CMA/DSM/KIN/508/2023/315/2023 which was however, greeted by a
preliminary objection from the respondents that, the CMA lacked
jurisdiction to entertain the matter. In sustaining the objection, the CMA
held that, since the parties had agreed to submit their disputes to the
TIArb, the CMA had no jurisdiction to entertain the matter. For that reason,
the dispute was accordingly dismissed.
The CMA, having declined to entertain the matter for lack of
jurisdiction, the appellant referred it to the TTArb. After preliminaries
conducted by the arbitrator appointed to arbitrate the parties, it was found
and assented by the parties that, despite the dispute being a labour matter,
it was arbitrable and the principles of arbitration regarding payment of
arbitrator's fees and arbitration expenses were applicable. It was also
common ground that, one of the principles of arbitration is for the parties
to equally share the arbitrator's fees and arbitration expenses. To that
effect, it was directed by the arbitrator that, TZS. 36,000,000.00 had to be
deposited by the parties for that purpose. That amount, having been
equally divided between the three parties, the appellant was thus, required
to deposit TZS. 12,000,000,00 as his share of the charged fees and
expenses.
On account of allegedly being incapable of paying the charged
amount, the appellant requested to be exempted from paying it. He
contended that, being poor and unemployed, he could not raise the said
amount. He also prayed for the arbitrator to direct that the whole amount
charged as fees and expenses be paid by the respondents. The requests
by the appellant were vigorously resisted by the respondents who insisted
for the fees and expenses to be shared equally by the parties as per the
requirement of the law. The arbitrator sided with the respondent and on
06.08.2024, he directed the appellant to deposit TZS. 12,000,000.00 as his
share of the charged fees and expenses within 7 days. As by 07.10.2024,
the appellant had not deposited the charged amount as directed, his matter
was marked withdrawn with leave to refile it, should he manage to pay the
charged amount.
The withdrawal of the matter by the arbitrator prompted the
appellant to file Miscellaneous Application No. 25926 of 2024 before the
High Court (Labour Division). The application was made under rules 24 (1),
(2), (3), (ll)(b) and (c), 55 (1) and (2) of the Labour Court Rules GN. No.
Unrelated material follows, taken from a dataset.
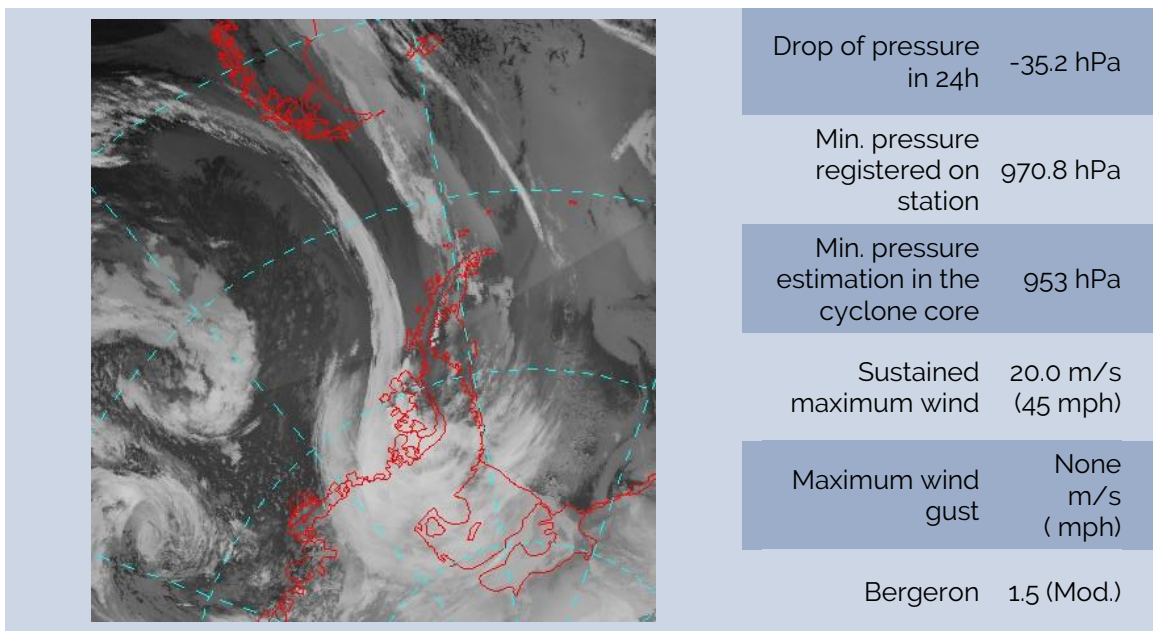

BOMB CYCLONE N°05/2023- DATE: FEB/17/2023

LOCAL: FOSSIL BLUFF STATION – WMO 89065 (OPERATED BY U.K.)

106 of 2007 as well as sections 93 (2)(b) and 94 (1), (3)(a)(i) and (b)(ii)
of the Employment and Labour Relations Act [Cap 366 R.E. 2019] (the
3
ELRA). In essence, the appellant sought for two orders; One# that the High
Court be pleased to order that the applicant be exempted from liability to
pay the arbitrator's and arbitration expenses to the TIArb and two, that
the court be pleased to order that the fees and expenses be paid by the
respondents.
As it was for his labour dispute before the CMA which was dismissed
for lack of jurisdiction, the appellant's application before the High Court
was also greeted by a preliminary objection from the respondents that, the
High Court has no jurisdiction to entertain the application and the orders
sought by the appellant were not grantable by the High Court. Having
heard the parties' submissions for and against the preliminary objection,
the High Court sustained the objection. It was concluded that, the High
Court has no jurisdiction to exempt any party to the arbitration proceedings
before the TIArb from paying the arbitrator's charged fees and arbitration
expenses. It was also held that, under section 32 (2) of the Arbitration Act,
No. 2 of 2020 (the Arbitration Act), the jurisdiction of the High Court is
limited only to consideration and adjustment of the charged fees and
expenses where the same is challenged for being unreasonable. It was
insisted that, there is no provision under the Arbitration Act vesting power
in the High Court to grant the orders sought by the appellant. The
application was thus, dismissed hence the instant appeal.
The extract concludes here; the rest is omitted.